Task details →
Transcribe each record exactly; skip any picture.

Extracted information →
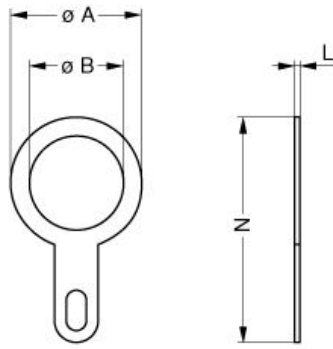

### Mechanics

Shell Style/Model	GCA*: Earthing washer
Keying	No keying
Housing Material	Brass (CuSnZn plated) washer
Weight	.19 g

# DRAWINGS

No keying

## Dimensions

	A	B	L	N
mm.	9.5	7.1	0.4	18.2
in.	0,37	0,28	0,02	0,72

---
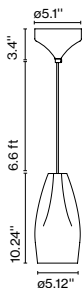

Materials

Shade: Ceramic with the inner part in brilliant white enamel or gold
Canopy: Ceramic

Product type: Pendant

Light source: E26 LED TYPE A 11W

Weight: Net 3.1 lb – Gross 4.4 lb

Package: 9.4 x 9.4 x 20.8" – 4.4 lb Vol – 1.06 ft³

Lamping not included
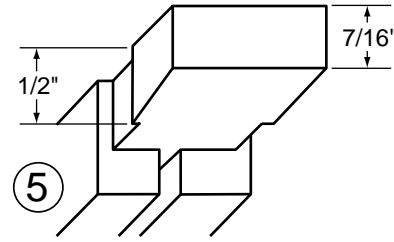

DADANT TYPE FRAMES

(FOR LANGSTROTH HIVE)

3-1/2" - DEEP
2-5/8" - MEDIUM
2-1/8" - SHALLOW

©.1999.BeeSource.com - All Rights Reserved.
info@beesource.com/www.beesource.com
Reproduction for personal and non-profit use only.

Task output →
### Mechanics

Shell Style/Model	GCA*: Earthing washer
Keying	No keying
Housing Material	Brass (CuSnZn plated) washer
Weight	.19 g

# DRAWINGS

No keying

## Dimensions

	A	B	L	N
mm.	9.5	7.1	0.4	18.2
in.	0,37	0,28	0,02	0,72

---

Materials

Shade: Ceramic with the inner part in brilliant white enamel or gold
Canopy: Ceramic

Product type: Pendant

Light source: E26 LED TYPE A 11W

Weight: Net 3.1 lb – Gross 4.4 lb

Package: 9.4 x 9.4 x 20.8" – 4.4 lb Vol – 1.06 ft³

Lamping not included

DADANT TYPE FRAMES

(FOR LANGSTROTH HIVE)

3-1/2" - DEEP
2-5/8" - MEDIUM
2-1/8" - SHALLOW

©.1999.BeeSource.com - All Rights Reserved.
info@beesource.com/www.beesource.com
Reproduction for personal and non-profit use only.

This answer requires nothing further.